Pivot Jonathan and I were recently working on support for Google Chrome in Pivotal Tracker. Tracker’s extensive JsUnit test suite made this a lot easier.
Here’s some quick notes I took on the issues we ran into.
Don’t try to directly mock the ‘reset’ method on a Form Element
This was the original mocking code in one of our JsUnit tests:
var resetCalled = false;
widget._uploadForm.reset = function() { resetCalled = true; };
This permanently blew away the “reset” method, so it was undefined when called in a subsequent. To fix it, we did this in our form builder method:
var element = Element.create("form");
element.nativeReset = element.reset;
element.reset = function() { element.nativeReset() };
Hash keys sort differently
We had a testHash.keys() being compared to a hardcoded array. Chrome sorted the keys differently (apparently non-deterministically, so we had to do an explicit sort:
assertArrayEquals(['10001', '10002', '10003', 'endOfList'].sort(), $H(itemListWidget.draggables).keys().sort());
It wasn’t good to depend on the keys order in the first place, but it worked under IE, Firefox, and Safari.
The same hash sorting bug bit us in a much more obscure way. There was some threading test code that simulated timeouts/concurrency using a mock clock. Previously, the test code was dependent on the order in which the functions were added to a hash the mock “clock”. This broke with a different hash sorting order.
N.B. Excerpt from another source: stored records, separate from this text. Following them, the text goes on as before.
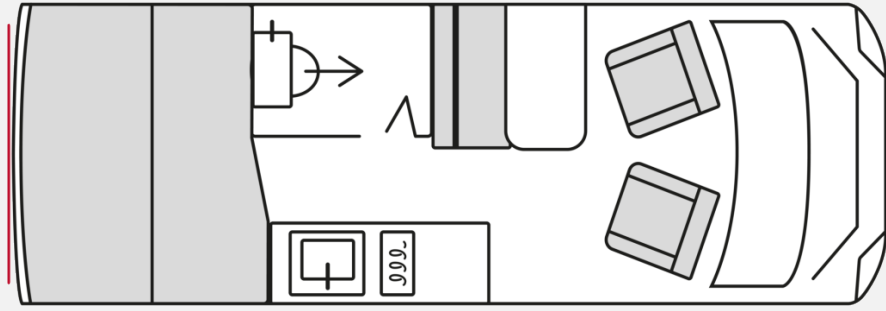

Exposé

Bürstner Papillon PC 6.0 Aufstelldach

54.999,- €

MwSt. ausweisbar

Fahrzeug

Technische Daten

Modell-/Baujahr	2026
Anzahl der Achsen	2
Leistung	103 KW / 140 PS
Basisfahrzeug	Citroën
Motordetails	Citroën Jumper 2,2 Blue HDI - 120 PS - Schaltgetriebe
Getriebe	Schaltgetriebe
Antriebsart	Frontantrieb
Anzahl Schlafplätze	4
Gesamtlänge	599 cm
Gesamtbreite	208 cm
Höhe	265 cm
Innenhöhe	190 cm
Aufbauart	Campervan
Masse in fahrber. Zustand	2936 kg
techn. zul. Gesamtmasse	3500 kg
Liegeflächen	Seite (115/69 x 180 (opt.)) Heck (150/140x190) Aufstelldach (200x140)
Sitze mit Gurt	4
Radstand	404 cm
Anhängerlast (gebremst)	2500 kg
Anhängerlast (ungebremst)	750 kg
Kraftstoff	Diesel
Heizung	Cambi 6D
Wasservorrat	80 l
Abwassertankvolumen	90 l
Polster	Grey Fabric
Führerscheinklasse	B
	Doppel-/franz. Bett, Aufstelldach (Doppelbett)

TECHNISCHE DATEN

Länge: ca. 599 cm
Breite: ca. 208 cm
Höhe: ca. 265 cm (mit Schlafdach ca. 275 cm)
Radstand: 4.035 mm

Zulässiges Gesamtgewicht: 3.500 kg

Motorisierung: 103 kW / 140 PS
Kraftstoff: Diesel
Getriebe: Schaltgetriebe
Antrieb: Frontantrieb
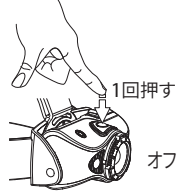

○ 白

● 赤/赤緑青

白色
(MH7/MH8)

オフ

ローパワー

ミドルパワー

パワー

ブリンク

⌚
長押し 3秒

赤/緑/青色モード
(MH8)

赤色モード
(MH7)

オフ

赤

緑

青

オフ

赤

オフ

⌚ 2秒
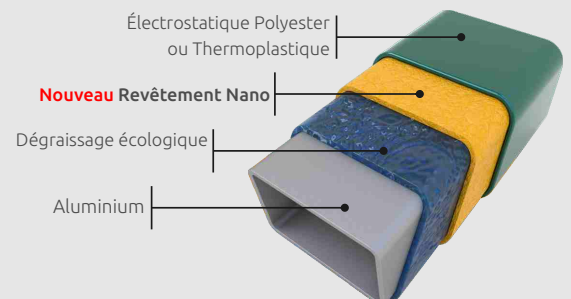

## KAHLBERG® POTEAU ALUMINIUM

40 ans d'expérience ...

Le poteau Kahlberg (90X115mm) en aluminium est une création unique au monde, il a été conçu spécialement pour les panneaux double fil. Les panneaux sont fixés sur la face arrière du poteau au moyen de clips adaptés en acier. Cela permet d'éviter tout types d'intervention par l'avant. La mobilité des clips sur les rainures facilite la réalisation de votre projet sur un terrain en pente.

### CARACTERISTIQUES

<b>Revêtement</b>	Profil en aluminium Haute adhérence avec le revêtement NANO + poudrage électrostatique en polyester (min.80µm) ou revêtement thermoplastique (min.150m)
<b>Section du poteau</b>	90 x 115 mm
<b>Fixation du Panneau</b>	fixation sur crochets situé à l'intérieur des ra
<b>Type de matériaux</b>	série 6000 aluminium
<b>Résistance</b>	I/V valeur 19,88 cm <sup>3</sup>

### Revêtement NANO

Le revêtement NANO est une technologie spéciale qui augmente les performances d'adhérence du revêtement à la surface métallique et crée des pores de tailles NANO. Grâce à cette nouvelle technologie la peinture statique adhère mieux au métal et forme une couche protectrice.

We had to simulate some additional “ticks” to make the test pass.
Mozilla, but not Gecko
The browser string returned for Chrome by one of our utility functions, BrowserDetect.browser(), is “Mozilla”. However, for some of our simulated keypress events in tests, the “Gecko” version did not work.
Specifically, we had to use “KeyboardEvent” instead of “KeyEvents”, and “initKeyboardEvent” instead of “initKeyEvent”. See the table in this mozilla doc page.
Here’s the code we used to handle both cases:
evt = document.createEvent('KeyboardEvent');
if (typeof(evt.initKeyboardEvent) != 'undefined') {
evt.initKeyboardEvent(eventName, true, true, window, false, false, false, false, options.keyCode, options.keyCode);
} else {
evt.initKeyEvent(eventName, true, true, window, false, false, false, false, options.keyCode, options.keyCode);
}
The UserAgent (request.user_agent) returns
Mozilla/5.0 (Windows; U; Windows NT 5.1; en-US) AppleWebKit/525.19 (KHTML, like Gecko) Chrome/0.3.154.9 Safari/525.19
The ‘sort’ function does not preserve order of equivalent elements
The following page outputs ‘ACBD’ under Chrome:
<!DOCTYPE HTML PUBLIC "-//W3C//DTD HTML 4.01 Transitional//EN"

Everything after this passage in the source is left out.